**What needs to be done**.
Your answer must be an exact copy of the records, minus any pictures.

Records from a dataset:
● ● ● ● ●

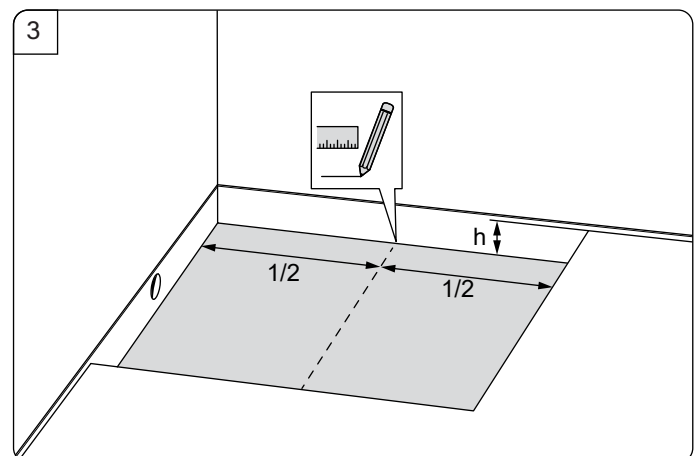

# KESSEL Duschrinne *Linearis Compact Aufsatzstück System 100*

Shower channel *Linearis Compact upper section System 100* • Caniveau de douche *Linearis Compact rehausse Système 100* • Canaletta *Linearis Compact rialzo Sistema 100* • Douchegoot *Linearis Compact opzetsuk Systeem 100* • Odpływ prysznicowy *Linearis Compact nasada System 100*
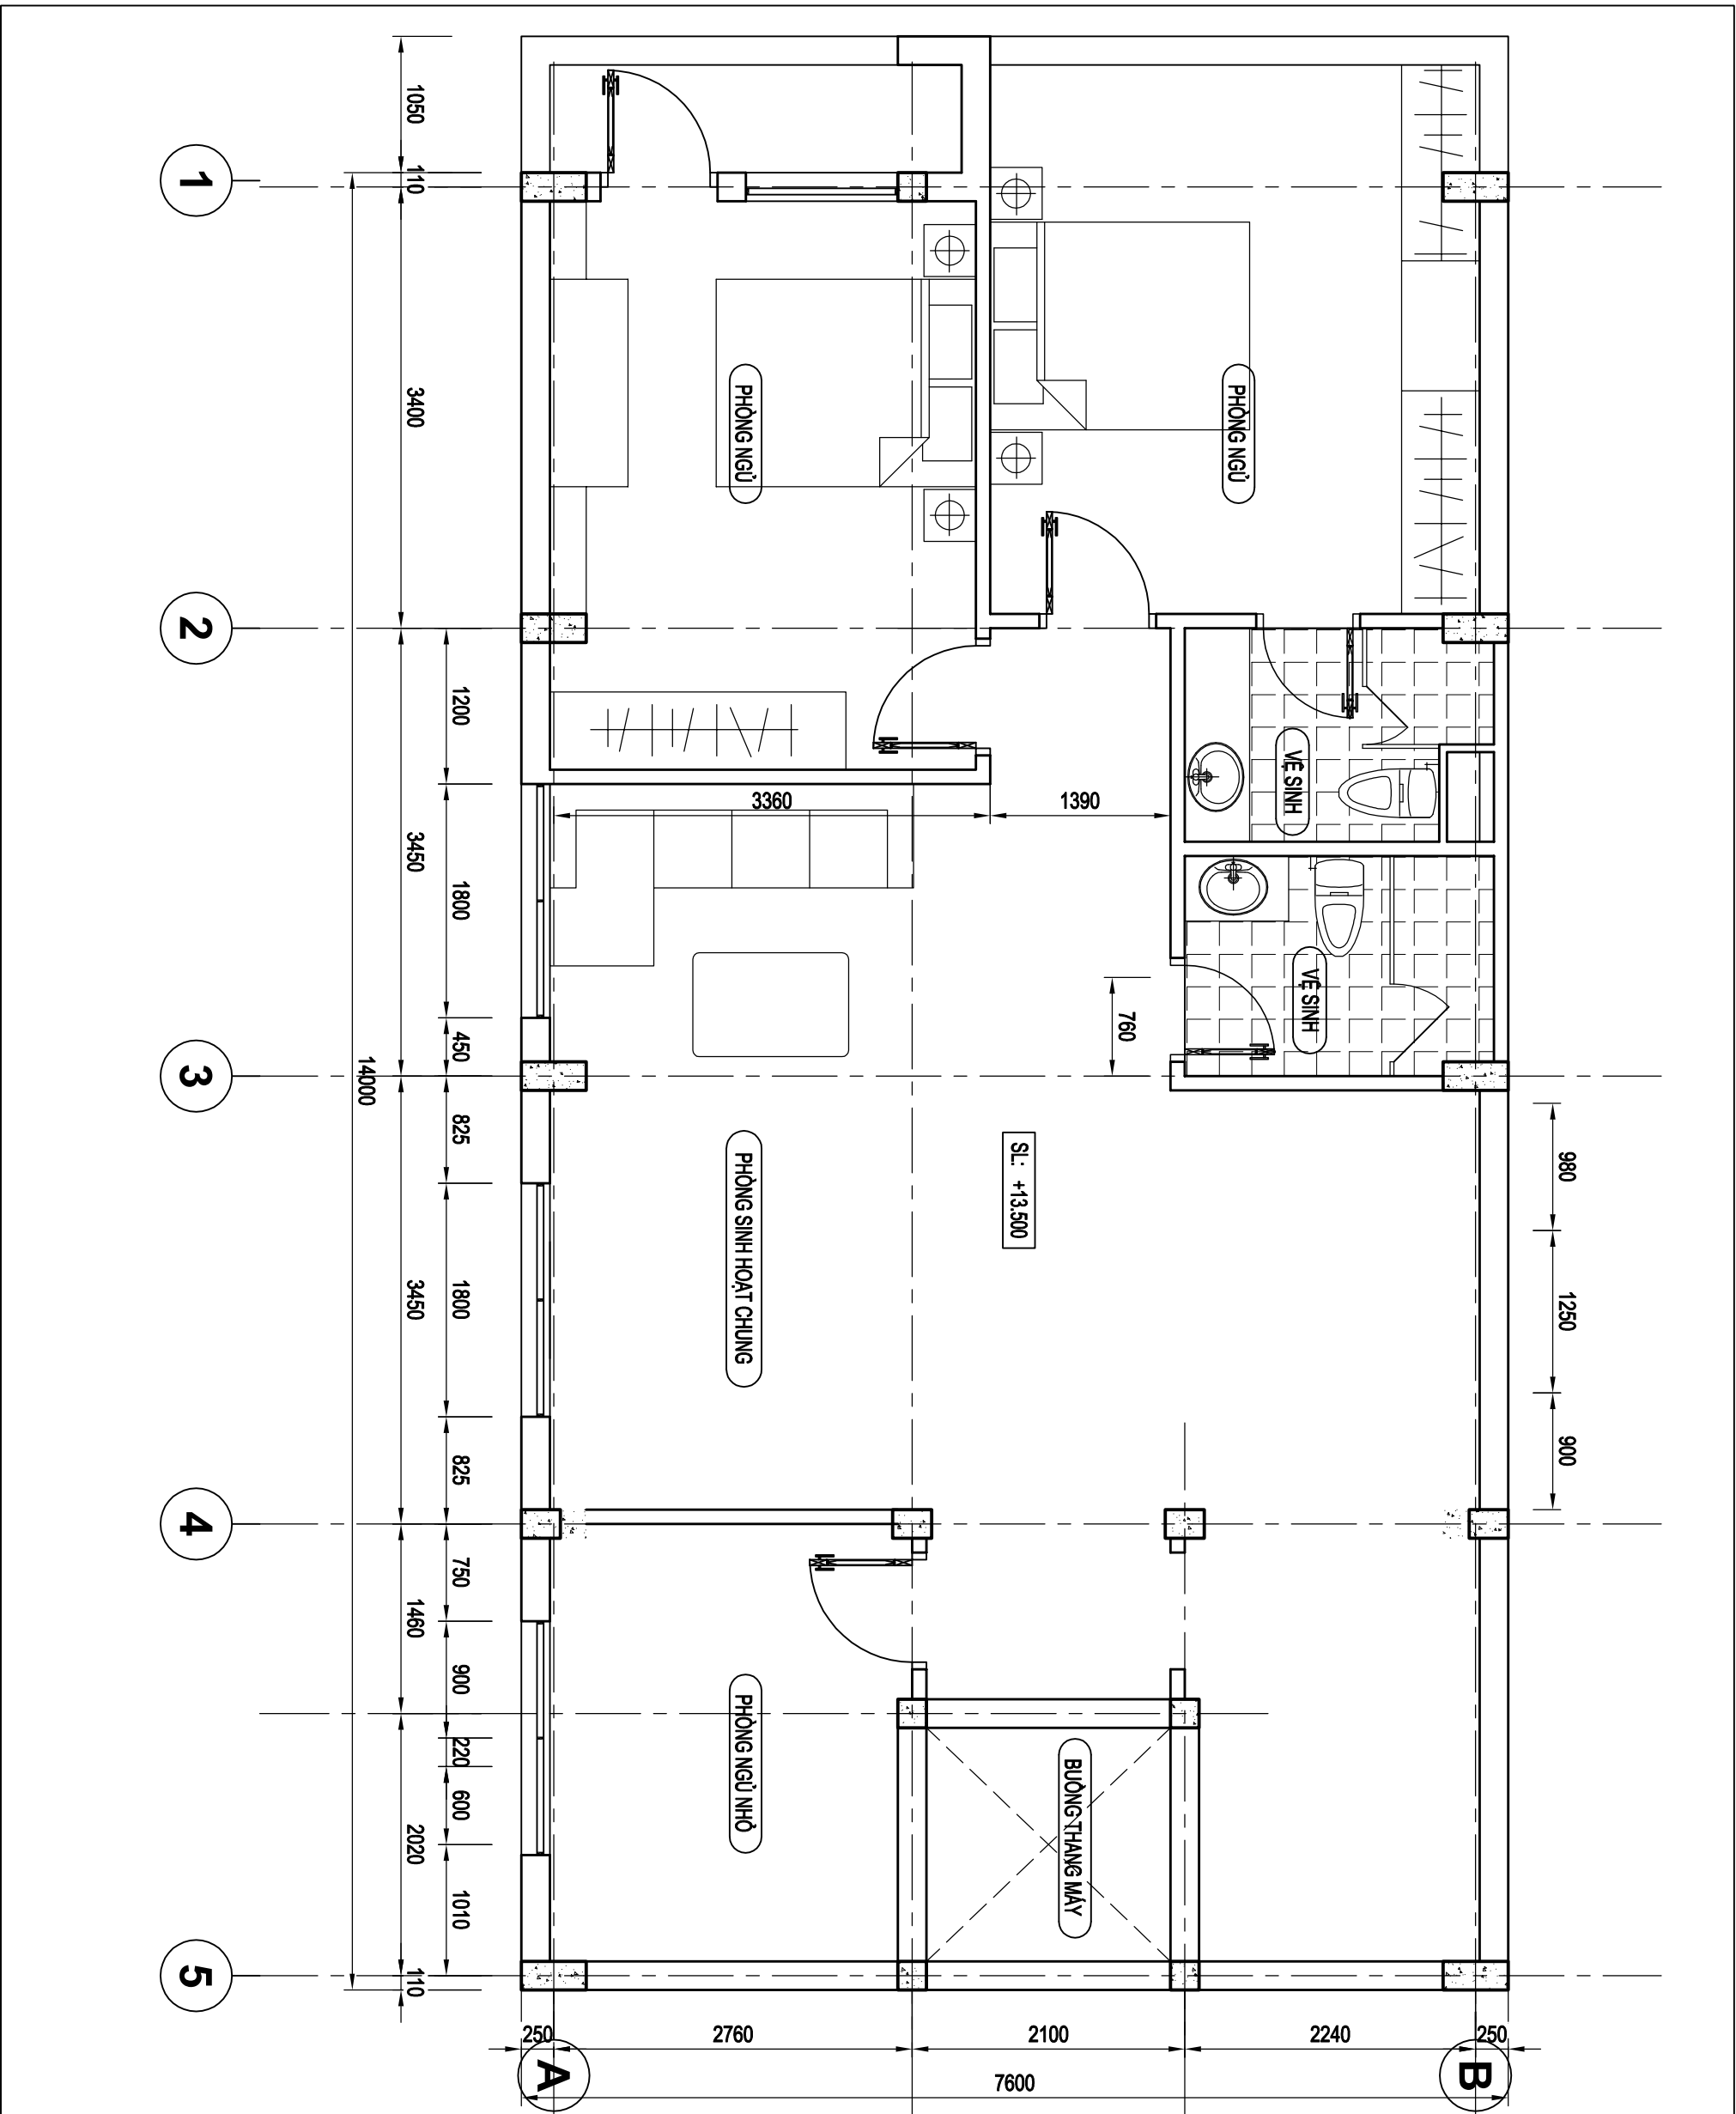

CHỦ ĐẦU TƯ:	
CÔNG TRÌNH:	
HANG MỤC:	
ĐỊA ĐIỂM:	
HỒ SƠ TK BẢN VẼ THI CÔNG	
CƠ QUAN THIẾT KẾ:	
  CADVIET - DIỆN BÀN CAD LỚN NHẤT VIỆT NAM Địa chỉ: http://www.cadviet.com.vn email: vninfo@cadviet.com	
GIÁM ĐỐC:	
TÊN GIÁM ĐỐC:	
CHỦ NHIỆM DỰ ÁN:	
TÊN CHỦ NHIỆM DỰ ÁN:	
CHỦ TRÌ THIẾT KẾ:	
THS. KTS. NGUYỄN HOÀNH	
THIẾT KẾ:	
THS. KTS. NGUYỄN HOÀNH	
VẼ:	
THS. KTS. NGUYỄN HOÀNH	
QUẢN LÝ KỸ THUẬT:	
THS. KTS. NGUYỄN THU HẰNG	
TÊN BẢN VẼ:	
MẶT BẰNG TẦNG 5	
SỬA ĐỔI - BỔ XUNG	
TỶ LỆ	
1/50	
KÝ HIỆU BẢN VẼ	KT-06
HOÀN THÀNH	2012

● ● ● ● ●

**Reply**.
# KESSEL Duschrinne *Linearis Compact Aufsatzstück System 100*

Shower channel *Linearis Compact upper section System 100* • Caniveau de douche *Linearis Compact rehausse Système 100* • Canaletta *Linearis Compact rialzo Sistema 100* • Douchegoot *Linearis Compact opzetsuk Systeem 100* • Odpływ prysznicowy *Linearis Compact nasada System 100*

CHỦ ĐẦU TƯ:	
CÔNG TRÌNH:	
HANG MỤC:	
ĐỊA ĐIỂM:	
HỒ SƠ TK BẢN VẼ THI CÔNG	
CƠ QUAN THIẾT KẾ:	
  CADVIET - DIỆN BÀN CAD LỚN NHẤT VIỆT NAM Địa chỉ: http://www.cadviet.com.vn email: vninfo@cadviet.com	
GIÁM ĐỐC:	
TÊN GIÁM ĐỐC:	
CHỦ NHIỆM DỰ ÁN:	
TÊN CHỦ NHIỆM DỰ ÁN:	
CHỦ TRÌ THIẾT KẾ:	
THS. KTS. NGUYỄN HOÀNH	
THIẾT KẾ:	
THS. KTS. NGUYỄN HOÀNH	
VẼ:	
THS. KTS. NGUYỄN HOÀNH	
QUẢN LÝ KỸ THUẬT:	
THS. KTS. NGUYỄN THU HẰNG	
TÊN BẢN VẼ:	
MẶT BẰNG TẦNG 5	
SỬA ĐỔI - BỔ XUNG	
TỶ LỆ	
1/50	
KÝ HIỆU BẢN VẼ	KT-06
HOÀN THÀNH	2012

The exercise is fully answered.